Overview

Regorafenib in Metastatic Colorectal Cancer

Status:
Active, not recruiting

Trial end date:
2022-07-01

Target enrollment:
0

Participant gender:
All

Summary

The purpose of the study is to measure high grade (3-5) toxicity of regorafenib and to monitor the impact of treatment with regorafenib on the quality of life in older adults with metastatic colorectal cancer.

Phase:

Phase 2

Accepts Healthy Volunteers?

Details

Lead Sponsor:

University of Rochester

Collaborator:

Bayer

Criteria

Inclusion Criteria:

- Histologically confirmed colorectal adenocarcinoma

- Measurable metastatic disease.

- Age +/> 70

- Progression on standard therapy, not a candidate for further chemotherapy or patient
declines other options

- Life expectancy >/= 12 weeks

- Able to understand and willing to sign written informed consent.
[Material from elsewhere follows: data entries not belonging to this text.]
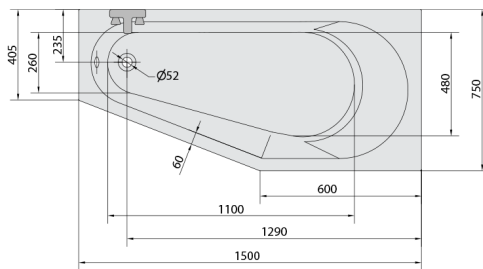

Technický list

VOLUME 180L

Electrical Characteristic:
Tension: 220-230V/50hz
Max. power consumption: 1200W
Electric protection: residual-current device 30mA

Elektrické vlastnosti:
Napětí: 220-230V/50hz
Max. spotřeba: 1200W
Elektrické jistění: proudový chránič 30mA
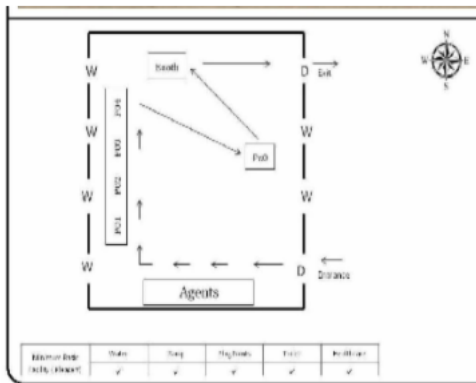

Google Map View

Polling Station Building Front View

Polling Station Front View

Cad View

Key MAP View

சட்டமன்றத் தொகுதியின் எண் மற்றும் பெயர் : 95-பரமத்தி-வேலூர்
பிரிவு எண் மற்றும் பெயர் 1-கோதூர் (வ.கி) மற்றும் (ஊ), செக்குப்பட்டி வார்டு-2
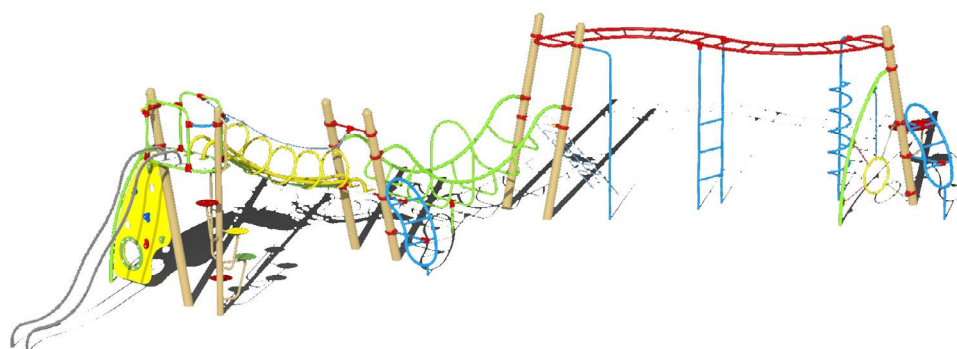

## Productomschrijving

Uitdagens klimtoestel voor kinderen van 6-15 jaar. Het eerste deel bestaat uit diverse schuingeplaatste palen. Een horizontale S-vormige ladder met hangsporten.

## Opties

Het toestel is te verkrijgen in de kleuren RAL 1001 (E521) of RAL 7016 (E5211).

### Toestelspecificaties

Afmetingen toestel	13,8 x 5,9 m
Obstakelvrije zone	97 m <sup>2</sup>
Totaal hoogte	2,9 m
Valhoogte	2,4 m

- Laboratory requirements:

- Total bili ≤ 1.5 x upper limit or normal

- Alanine aminotransferase & Asparate aminotransferase ≤ 2.5 x upper limit or normal

- Serum creatinine ≤ 1.5 x upper limit or normal

- International normalized ratio/prothrombin time ≤ 1.5 x upper limit or normal

- Platelet count ≥ 100,000, hemoglobin ≥ 9 g/dL

- Absolute neutrophil count ≥ 1,500. Blood transfusion to meet the inclusion criteria
not be allowed.

- Glomerular filtration rate ≥ 60 ml/min

- Subjects of childbearing potential must agree to use adequate contraception beginning
at the signing informed consent form until at least 3 months after the last dose of
study drug.

- Must be able to swallow and retain oral medications

Exclusion Criteria:

- Currently receiving other systemic therapy for metastatic colorectal cancer

- Previous assignment to treatment during this study. Subjects permanently withdrawn
from study participation will not be allowed to re-enter study.
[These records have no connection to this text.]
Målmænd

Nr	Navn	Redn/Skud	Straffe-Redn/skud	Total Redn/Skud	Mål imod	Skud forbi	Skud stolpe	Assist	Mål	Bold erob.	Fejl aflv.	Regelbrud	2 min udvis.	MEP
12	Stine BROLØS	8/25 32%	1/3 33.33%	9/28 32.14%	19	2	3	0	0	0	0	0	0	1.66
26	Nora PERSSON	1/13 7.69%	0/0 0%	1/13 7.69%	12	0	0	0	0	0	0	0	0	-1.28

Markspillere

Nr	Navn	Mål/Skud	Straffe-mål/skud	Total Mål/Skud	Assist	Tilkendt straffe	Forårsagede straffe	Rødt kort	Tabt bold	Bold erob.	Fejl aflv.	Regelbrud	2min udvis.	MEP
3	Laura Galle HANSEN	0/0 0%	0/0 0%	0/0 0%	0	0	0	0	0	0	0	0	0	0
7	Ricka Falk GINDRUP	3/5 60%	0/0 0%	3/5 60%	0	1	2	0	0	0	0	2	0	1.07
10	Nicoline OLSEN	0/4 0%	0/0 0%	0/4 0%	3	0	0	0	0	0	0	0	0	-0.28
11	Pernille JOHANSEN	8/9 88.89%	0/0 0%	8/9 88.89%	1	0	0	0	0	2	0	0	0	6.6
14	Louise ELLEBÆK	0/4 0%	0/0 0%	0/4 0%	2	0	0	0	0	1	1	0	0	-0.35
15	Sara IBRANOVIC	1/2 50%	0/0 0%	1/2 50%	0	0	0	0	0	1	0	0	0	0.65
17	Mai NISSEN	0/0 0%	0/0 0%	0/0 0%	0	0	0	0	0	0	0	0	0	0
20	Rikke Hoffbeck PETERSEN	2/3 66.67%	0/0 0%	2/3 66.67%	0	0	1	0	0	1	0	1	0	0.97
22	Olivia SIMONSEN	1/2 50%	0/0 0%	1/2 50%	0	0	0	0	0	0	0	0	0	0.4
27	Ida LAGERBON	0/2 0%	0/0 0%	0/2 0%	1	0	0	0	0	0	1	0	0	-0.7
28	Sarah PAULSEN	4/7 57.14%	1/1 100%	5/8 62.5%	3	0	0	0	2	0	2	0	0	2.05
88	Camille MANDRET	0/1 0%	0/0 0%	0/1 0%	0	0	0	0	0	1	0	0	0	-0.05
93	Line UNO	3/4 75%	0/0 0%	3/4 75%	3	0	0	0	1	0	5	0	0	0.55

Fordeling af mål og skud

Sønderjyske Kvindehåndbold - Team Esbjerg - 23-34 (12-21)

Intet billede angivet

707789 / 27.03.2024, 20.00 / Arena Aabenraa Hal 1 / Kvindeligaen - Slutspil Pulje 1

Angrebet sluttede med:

- Uncontrolled hypertension despite optimal medical management

- Active or clinically significant cardiac disease.

- Evidence or history of bleeding diathesis or coagulopathy

- Any hemorrhage or bleeding event ≥ grade 3 within 4 weeks.
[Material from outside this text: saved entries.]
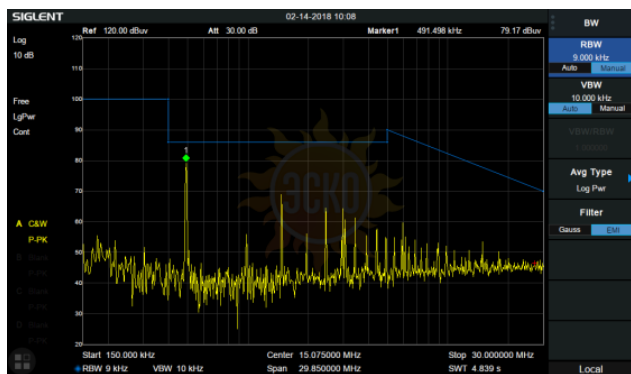

Описание АК ИП SVA1000X-EMI

Программная опция для анализаторов спектра АК ИП-4205/3, АК ИП-4205/4, АК ИП-4205/5, ЭМС измерения: фильтры ЭМС и квазиимпульсный детектор.

Фильтры ЭМС:

- для АК ИП-4205/3, АК ИП-4205/4: 200 Гц, 9 кГц, 120 кГц, 1 МГц (-6 дБ);
- для АК ИП-4205/5: 9 кГц, 120 кГц, 1 МГц (-6 дБ).
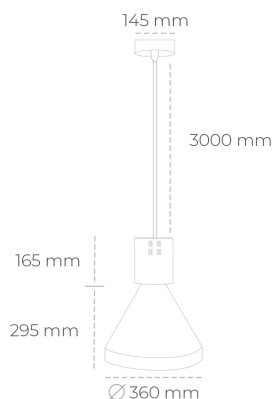

DOWNLIGHT PARTHEN 1 840 25W 15° GREY | ON/OFF

LED	COB
Barwa światła	4000 [K] |
CRI	80
Strumień led chip	3690 [lm]
Strumień światła z oprawy	3321 [lm]
Zasilanie systemu	25 [W]
Wydajność oprawy oświetleniowej	133 [lm/W]
Kąt świecenia	15°
Sterowanie	ON/OFF
MacAdam	3 SDCM

Downlight LED

Zwieszana oprawa dekoracyjna. Obudowa oprawy wykonana ze stopów aluminium. Dostępna w kolorze białym, czarnym oraz na zamówienie istnieje możliwość lakierowania na dowolny kolor z palety RAL. Dostępne odbłyśniki w kątach 15, 23, 38, 45 i 60 stopni. Maksymalna moc lampy to 31W.

OPRAWA

Waga	2,13 [kg]
Ochronność IP , IK , klasa	IP 20, IK 1,
Kolor oprawy	GREY
Rodzaj przestony	Plastic
Napięcie zasilania	220-240V 50-60Hz

Uwaga: Wszystkie dane są wartościami typowymi. Tolerancja pomiarów +/-10%. Funkcje systemu mogą ulec zmianie wraz z ulepszeniami produktu ze względu na postęp techniczny.

OPCJE

kolor oprawy do wyboru z palety RAL - na zapytanie, możliwość sterowania mocą świecenia za pomocą systemu CASAMBI / DALI / PHASE CUT

Wygenerowano: 26.06.2024

+48 32 388 80 00

www.corra.pl
cora@cora.pl

Ulica: Ignatza Hakuby 18
41-914 Bytom, Polska
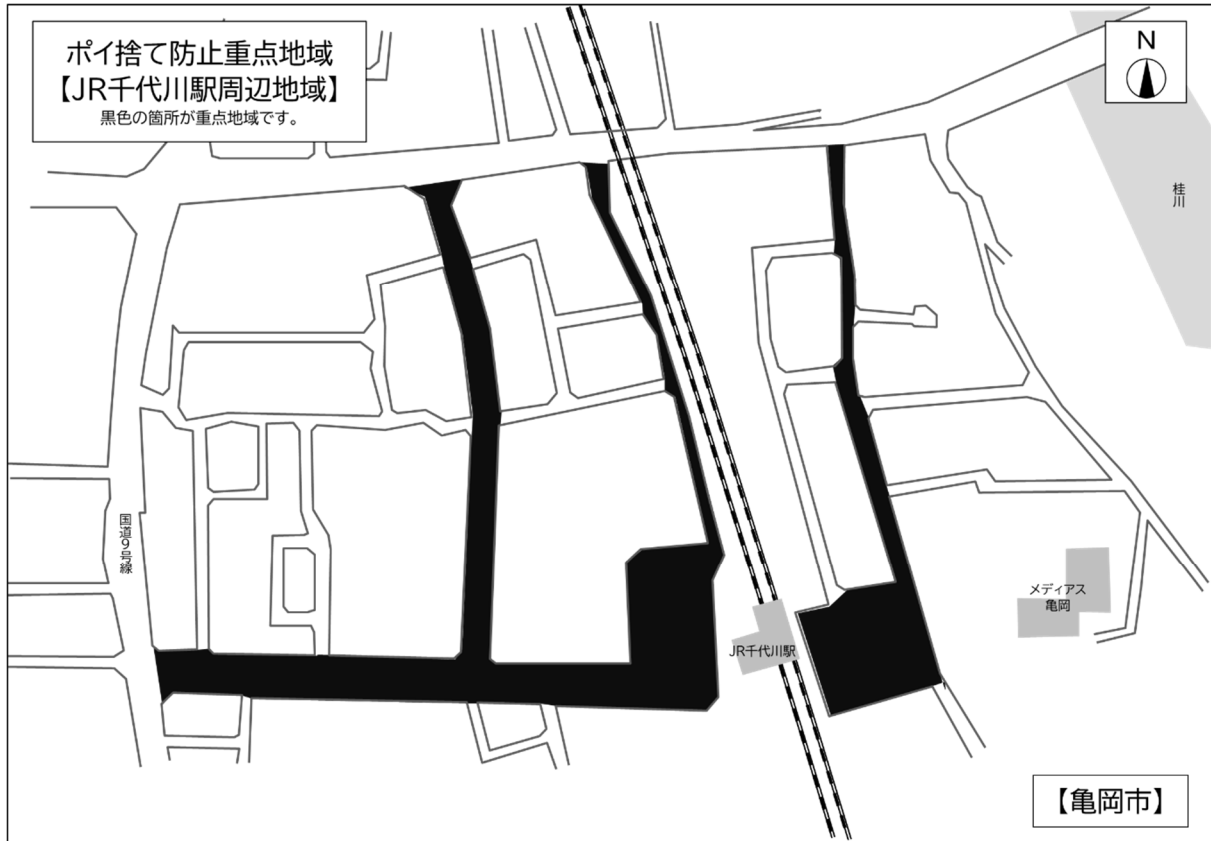

(別図)

ポイ捨て防止重点地域  
【トロッコ亀岡駅周辺地域】  
黒色の箇所が重点地域です。
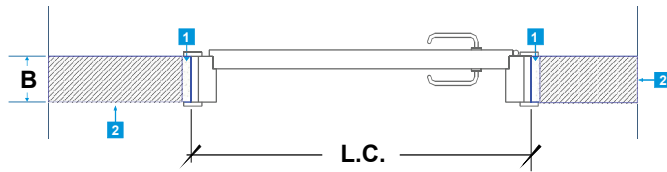

INGOMBRI

PORTA AD UN ANTA BATTENTE

L.C.
 LUCE CONTROTELAIO
 CM 70-80-90-100
 MISURA ANTA
 CM 0.62-0.72-0.82-0.92
 ALTEZZA ANTA
 CM 210

SCORREVOLE A SCOMPARSA

1 - CONTROTELAIO
 2 - MURO

A - LUCE PASSAGGIO
 B - SPESSORE MURO
 C - SPESSORE TELAIO

SENSI DI APERTURA

PORTA AD UN ANTA BATTENTE

SCORREVOLE A SCOMPARSA

ESTERNO STANZA

ESTERNO STANZA

- Subjects with thrombotic, embolic, venous, or arterial events, such as cerebrovascular
accident, deep vein thrombosis or pulmonary embolus within 6 months of informed
consent

- History of other active malignancy within past 2 years.

- Patients with phaeochromocytoma

- Known history of human immunodeficiency virus infection or current chronic/active
hepatitis B or C infection.

- Ongoing infection > grade 2

- Symptomatic metastatic brain or meningeal tumors

- Presence of non-healing wound, non-healing ulcer, or bone fracture

- Renal failure requiring hemo- or peritoneal dialysis

- Dehydration ≥ grade 1

- Patients with seizure disorder requiring medication

- Persistent proteinuria ≥ grade 3 Interstitial lung disease with ongoing signs and
symptoms at the time of informed consent

- Pleural effusion or ascites that causes respiratory compromise, grade 2 dyspnea

- History of organ allograft including corneal transplant

- Known or suspected allergy or hypersensitivity to the study drug

- Any malabsorption condition

- Any condition which makes the subject unsuitable for trial participation

- Substance abuse, medical, psychological, or social conditions that may interfere with
the subject's participation in the study.